[Stored entries]
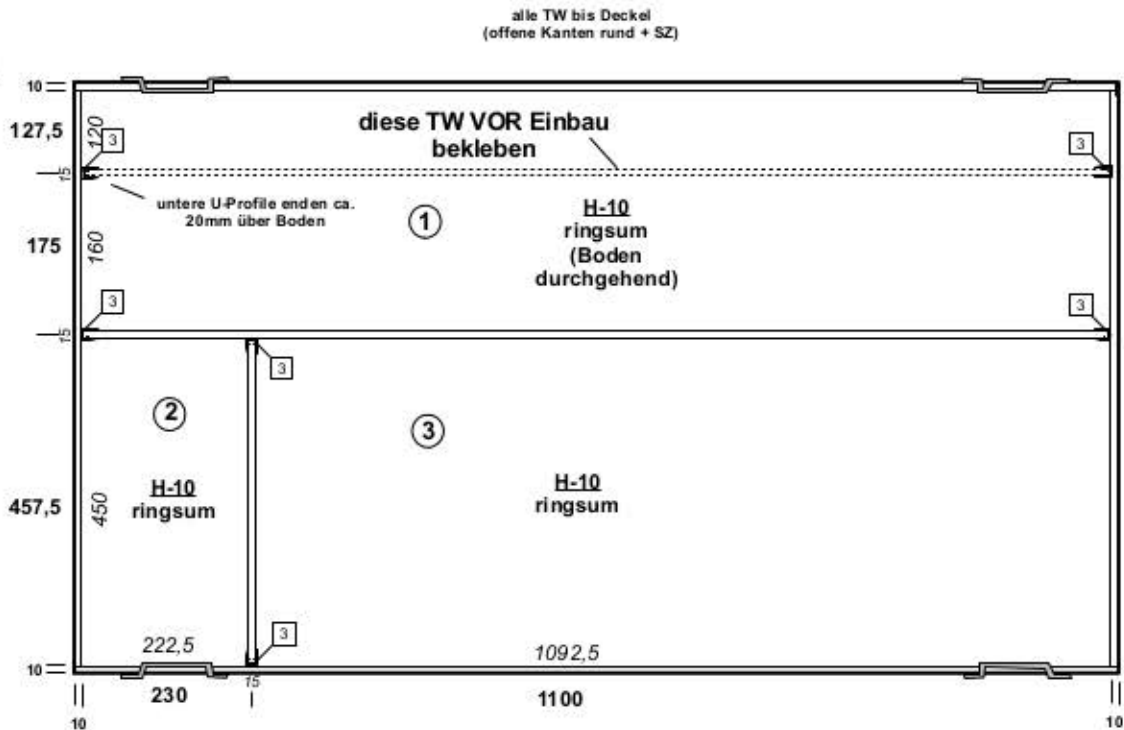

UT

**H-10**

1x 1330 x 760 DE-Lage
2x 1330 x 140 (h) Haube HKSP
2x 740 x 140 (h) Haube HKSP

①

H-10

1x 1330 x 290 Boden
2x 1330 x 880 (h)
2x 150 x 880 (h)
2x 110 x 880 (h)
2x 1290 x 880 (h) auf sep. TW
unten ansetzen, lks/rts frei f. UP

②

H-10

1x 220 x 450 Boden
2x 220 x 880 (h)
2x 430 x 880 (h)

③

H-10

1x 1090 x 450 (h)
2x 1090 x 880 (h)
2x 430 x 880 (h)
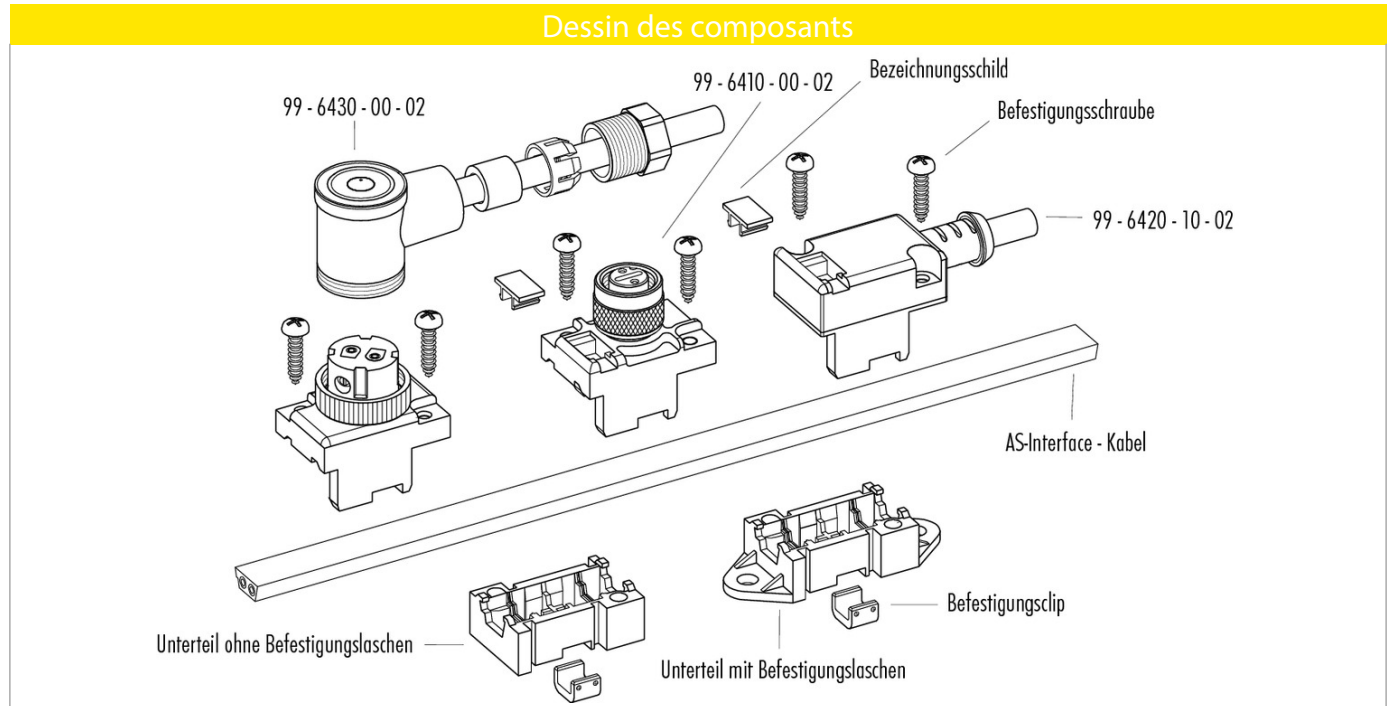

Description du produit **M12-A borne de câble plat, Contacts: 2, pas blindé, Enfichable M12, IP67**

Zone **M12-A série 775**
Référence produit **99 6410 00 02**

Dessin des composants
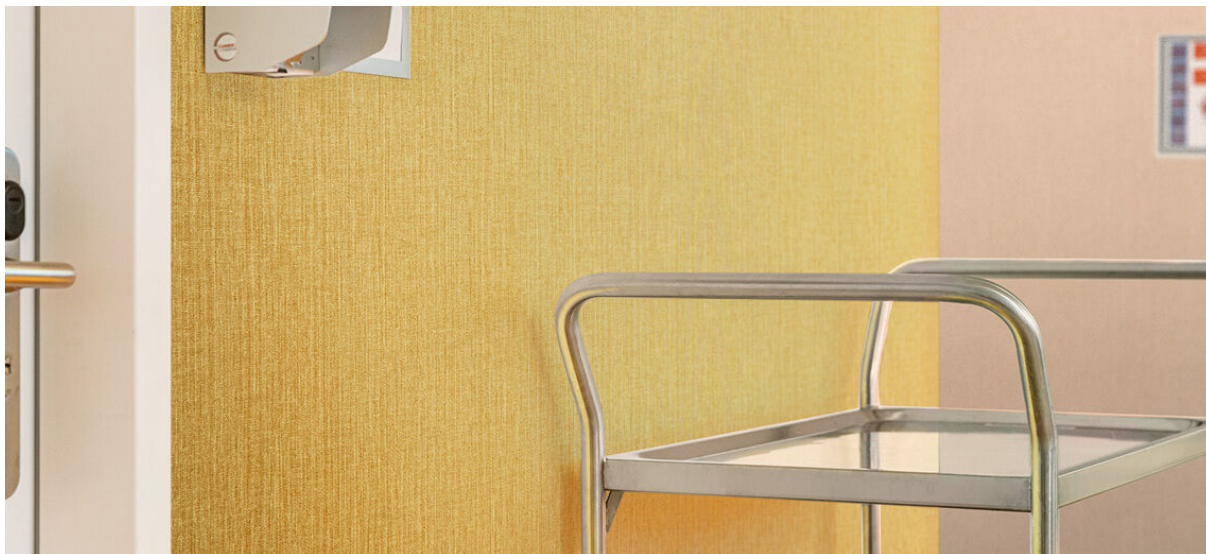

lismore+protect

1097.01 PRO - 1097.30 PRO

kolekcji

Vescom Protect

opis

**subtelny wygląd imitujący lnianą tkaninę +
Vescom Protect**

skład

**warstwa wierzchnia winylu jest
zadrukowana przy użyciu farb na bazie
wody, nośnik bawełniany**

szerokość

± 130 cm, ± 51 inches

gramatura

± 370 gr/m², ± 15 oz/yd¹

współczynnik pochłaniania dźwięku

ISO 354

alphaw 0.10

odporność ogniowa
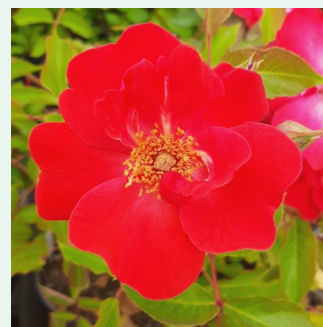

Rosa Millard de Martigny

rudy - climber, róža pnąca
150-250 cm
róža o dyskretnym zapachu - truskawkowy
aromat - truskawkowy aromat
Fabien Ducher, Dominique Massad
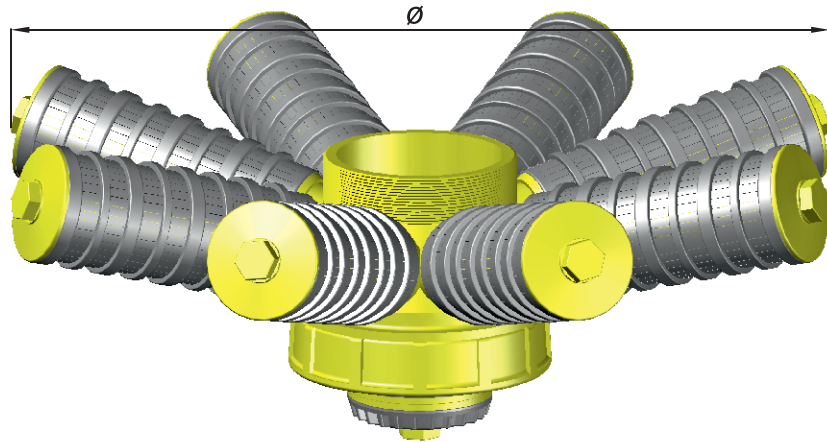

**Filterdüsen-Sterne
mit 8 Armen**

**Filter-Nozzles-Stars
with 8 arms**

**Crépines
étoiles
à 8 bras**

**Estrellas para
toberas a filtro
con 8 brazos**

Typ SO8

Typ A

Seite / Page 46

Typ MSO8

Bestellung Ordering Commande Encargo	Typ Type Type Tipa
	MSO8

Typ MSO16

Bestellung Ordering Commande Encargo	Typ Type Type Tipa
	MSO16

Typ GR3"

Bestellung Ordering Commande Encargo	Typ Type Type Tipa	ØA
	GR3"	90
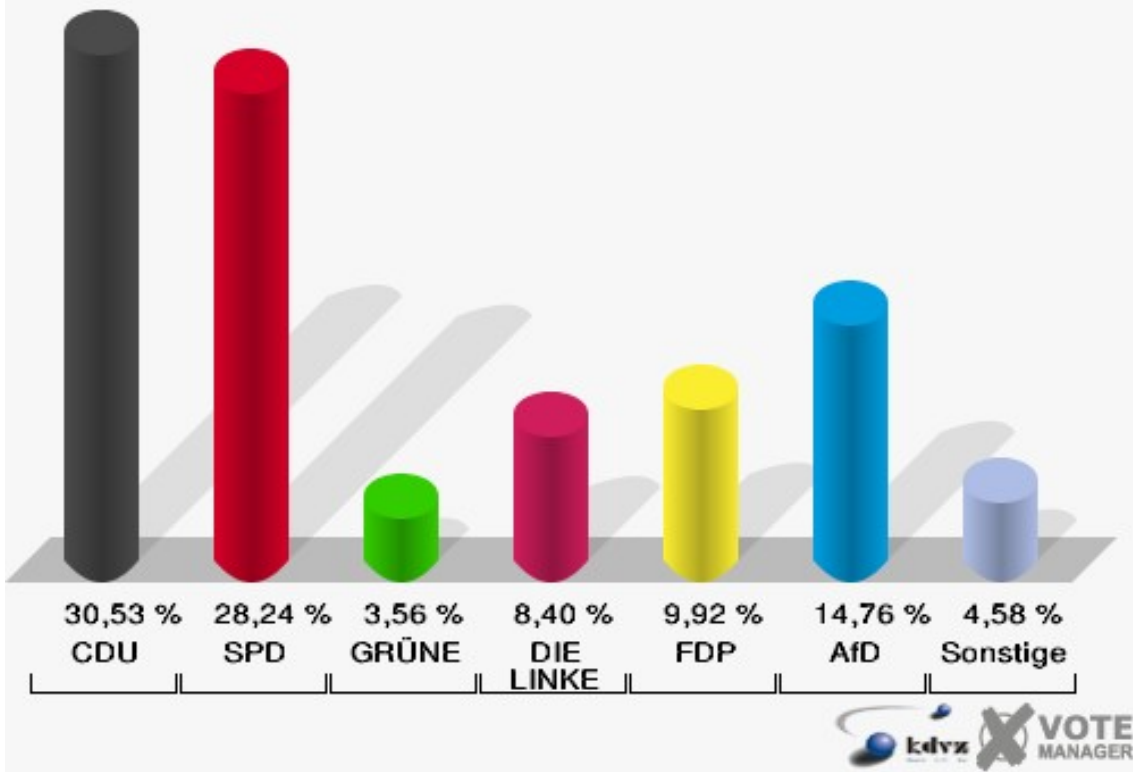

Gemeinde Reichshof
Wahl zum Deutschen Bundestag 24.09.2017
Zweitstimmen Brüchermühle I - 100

• **INSTRUCTIONS TO FOLLOW**
When copying from the data above, begin at the line containing "2x 110 x 880 (h)" and end at the line containing "Wahl zum Deutschen Bundestag 24.09.2017"; return those lines exactly and leave all pictures behind.

• **WRITTEN RESPONSE**
2x 110 x 880 (h)
2x 1290 x 880 (h) auf sep. TW
unten ansetzen, lks/rts frei f. UP

②

H-10

1x 220 x 450 Boden
2x 220 x 880 (h)
2x 430 x 880 (h)

③

H-10

1x 1090 x 450 (h)
2x 1090 x 880 (h)
2x 430 x 880 (h)

Description du produit **M12-A borne de câble plat, Contacts: 2, pas blindé, Enfichable M12, IP67**

Zone **M12-A série 775**
Référence produit **99 6410 00 02**

Dessin des composants

lismore+protect

1097.01 PRO - 1097.30 PRO

kolekcji

Vescom Protect

opis

**subtelny wygląd imitujący lnianą tkaninę +
Vescom Protect**

skład

**warstwa wierzchnia winylu jest
zadrukowana przy użyciu farb na bazie
wody, nośnik bawełniany**

szerokość

± 130 cm, ± 51 inches

gramatura

± 370 gr/m², ± 15 oz/yd¹

współczynnik pochłaniania dźwięku

ISO 354

alphaw 0.10

odporność ogniowa

Rosa Millard de Martigny

rudy - climber, róža pnąca
150-250 cm
róža o dyskretnym zapachu - truskawkowy
aromat - truskawkowy aromat
Fabien Ducher, Dominique Massad

**Filterdüsen-Sterne
mit 8 Armen**

**Filter-Nozzles-Stars
with 8 arms**

**Crépines
étoiles
à 8 bras**

**Estrellas para
toberas a filtro
con 8 brazos**

Typ SO8

Typ A

Seite / Page 46

Typ MSO8

Bestellung Ordering Commande Encargo	Typ Type Type Tipa
	MSO8

Typ MSO16

Bestellung Ordering Commande Encargo	Typ Type Type Tipa
	MSO16

Typ GR3"

Bestellung Ordering Commande Encargo	Typ Type Type Tipa	ØA
	GR3"	90

Gemeinde Reichshof
Wahl zum Deutschen Bundestag 24.09.2017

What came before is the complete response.